**To do:**
The expected result is a word-for-word copy of the entries, minus any pictures.

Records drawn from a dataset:

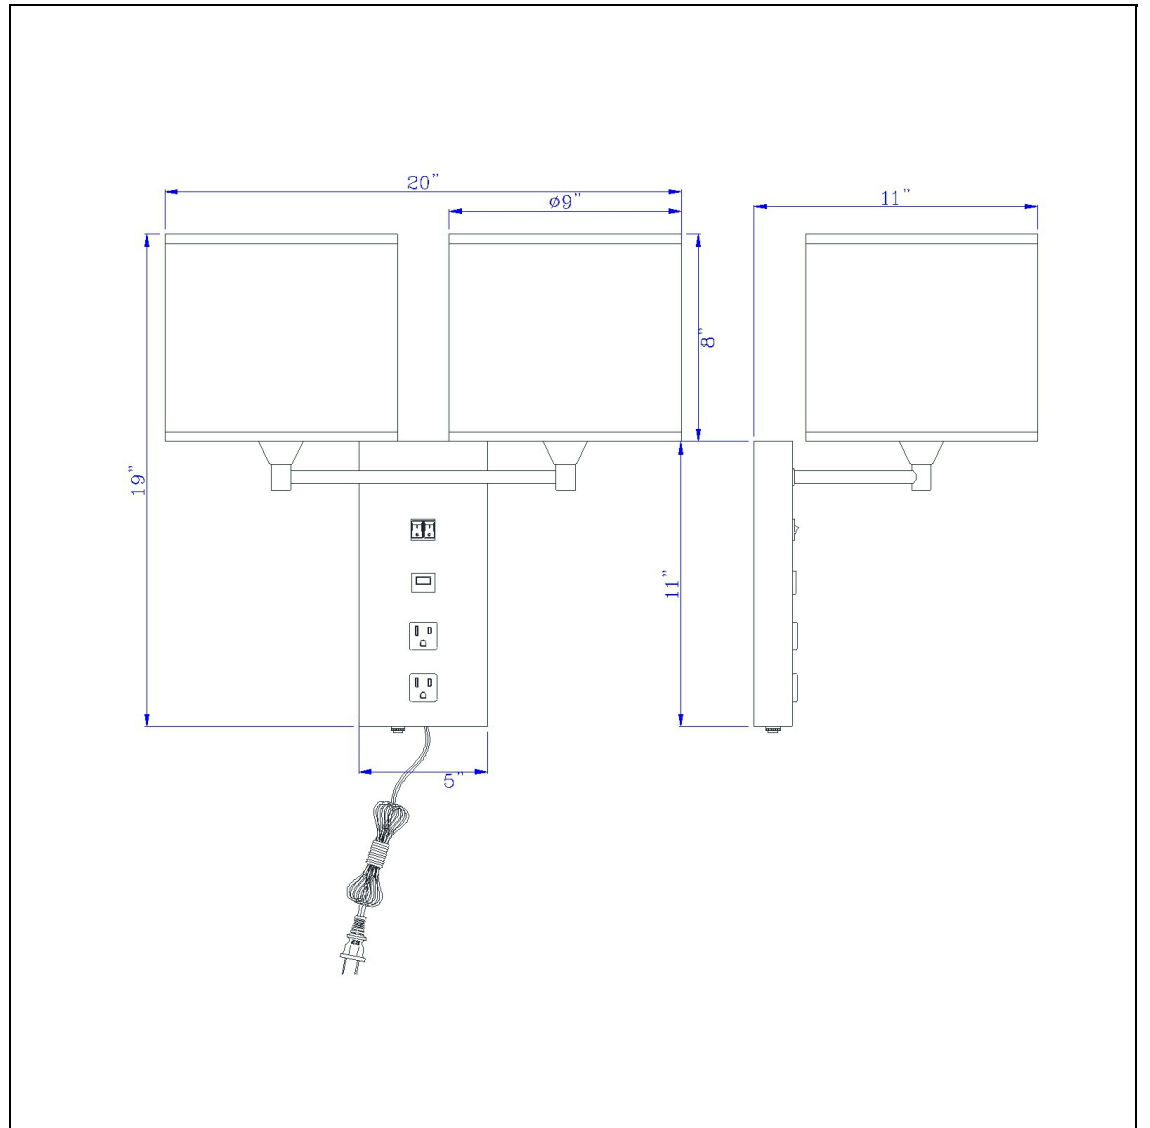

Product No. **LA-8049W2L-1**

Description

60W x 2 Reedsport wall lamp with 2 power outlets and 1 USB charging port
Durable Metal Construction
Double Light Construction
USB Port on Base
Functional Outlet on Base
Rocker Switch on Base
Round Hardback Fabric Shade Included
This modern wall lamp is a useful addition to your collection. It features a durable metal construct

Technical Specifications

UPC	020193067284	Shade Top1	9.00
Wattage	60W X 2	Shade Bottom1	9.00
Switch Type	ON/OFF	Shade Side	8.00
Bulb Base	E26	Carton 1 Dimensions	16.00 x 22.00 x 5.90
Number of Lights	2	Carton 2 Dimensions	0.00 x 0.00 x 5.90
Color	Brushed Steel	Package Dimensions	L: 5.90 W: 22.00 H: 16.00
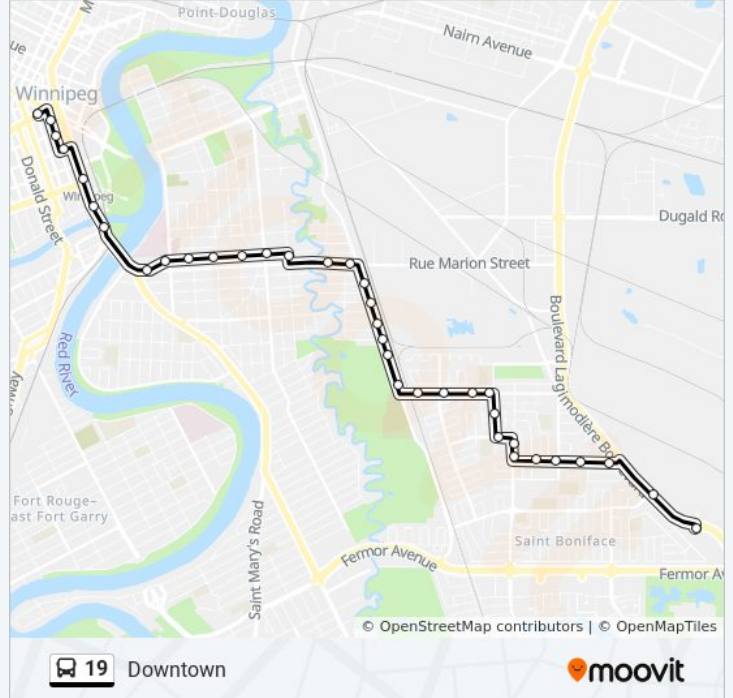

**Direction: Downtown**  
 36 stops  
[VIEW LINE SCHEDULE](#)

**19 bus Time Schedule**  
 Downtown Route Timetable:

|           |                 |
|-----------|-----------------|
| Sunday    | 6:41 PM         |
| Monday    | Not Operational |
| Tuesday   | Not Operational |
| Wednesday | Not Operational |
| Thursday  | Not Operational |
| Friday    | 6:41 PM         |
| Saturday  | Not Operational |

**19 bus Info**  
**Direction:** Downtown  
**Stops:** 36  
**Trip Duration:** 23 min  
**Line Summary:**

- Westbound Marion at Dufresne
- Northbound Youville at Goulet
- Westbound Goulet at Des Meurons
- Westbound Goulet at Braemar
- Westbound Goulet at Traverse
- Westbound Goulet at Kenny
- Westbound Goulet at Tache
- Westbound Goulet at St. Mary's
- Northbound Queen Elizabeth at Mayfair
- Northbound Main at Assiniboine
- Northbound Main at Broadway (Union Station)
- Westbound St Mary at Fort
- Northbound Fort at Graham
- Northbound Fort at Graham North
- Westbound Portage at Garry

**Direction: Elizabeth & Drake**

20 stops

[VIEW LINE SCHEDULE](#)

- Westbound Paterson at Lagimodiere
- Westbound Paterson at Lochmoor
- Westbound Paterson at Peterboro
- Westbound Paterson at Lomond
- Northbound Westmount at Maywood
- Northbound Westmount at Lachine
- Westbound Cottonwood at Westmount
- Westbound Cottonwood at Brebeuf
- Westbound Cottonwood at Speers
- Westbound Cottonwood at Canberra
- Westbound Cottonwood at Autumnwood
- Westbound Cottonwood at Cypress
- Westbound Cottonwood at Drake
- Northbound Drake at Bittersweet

**Worked solution:**
Product No. **LA-8049W2L-1**

Description

60W x 2 Reedsport wall lamp with 2 power outlets and 1 USB charging port
Durable Metal Construction
Double Light Construction
USB Port on Base
Functional Outlet on Base
Rocker Switch on Base
Round Hardback Fabric Shade Included
This modern wall lamp is a useful addition to your collection. It features a durable metal construct

Technical Specifications

UPC	020193067284	Shade Top1	9.00
Wattage	60W X 2	Shade Bottom1	9.00
Switch Type	ON/OFF	Shade Side	8.00
Bulb Base	E26	Carton 1 Dimensions	16.00 x 22.00 x 5.90
Number of Lights	2	Carton 2 Dimensions	0.00 x 0.00 x 5.90
Color	Brushed Steel	Package Dimensions	L: 5.90 W: 22.00 H: 16.00

**Direction: Downtown**  
 36 stops  
[VIEW LINE SCHEDULE](#)

**19 bus Time Schedule**  
 Downtown Route Timetable:

|           |                 |
|-----------|-----------------|
| Sunday    | 6:41 PM         |
| Monday    | Not Operational |
| Tuesday   | Not Operational |
| Wednesday | Not Operational |
| Thursday  | Not Operational |
| Friday    | 6:41 PM         |
| Saturday  | Not Operational |

**19 bus Info**  
**Direction:** Downtown  
**Stops:** 36  
**Trip Duration:** 23 min  
**Line Summary:**

- Westbound Marion at Dufresne
- Northbound Youville at Goulet
- Westbound Goulet at Des Meurons
- Westbound Goulet at Braemar
- Westbound Goulet at Traverse
- Westbound Goulet at Kenny
- Westbound Goulet at Tache
- Westbound Goulet at St. Mary's
- Northbound Queen Elizabeth at Mayfair
- Northbound Main at Assiniboine
- Northbound Main at Broadway (Union Station)
- Westbound St Mary at Fort
- Northbound Fort at Graham
- Northbound Fort at Graham North
- Westbound Portage at Garry

**Direction: Elizabeth & Drake**

20 stops

[VIEW LINE SCHEDULE](#)

- Westbound Paterson at Lagimodiere
- Westbound Paterson at Lochmoor
- Westbound Paterson at Peterboro
- Westbound Paterson at Lomond
- Northbound Westmount at Maywood
- Northbound Westmount at Lachine
- Westbound Cottonwood at Westmount
- Westbound Cottonwood at Brebeuf
- Westbound Cottonwood at Speers
- Westbound Cottonwood at Canberra
- Westbound Cottonwood at Autumnwood
- Westbound Cottonwood at Cypress
- Westbound Cottonwood at Drake
- Northbound Drake at Bittersweet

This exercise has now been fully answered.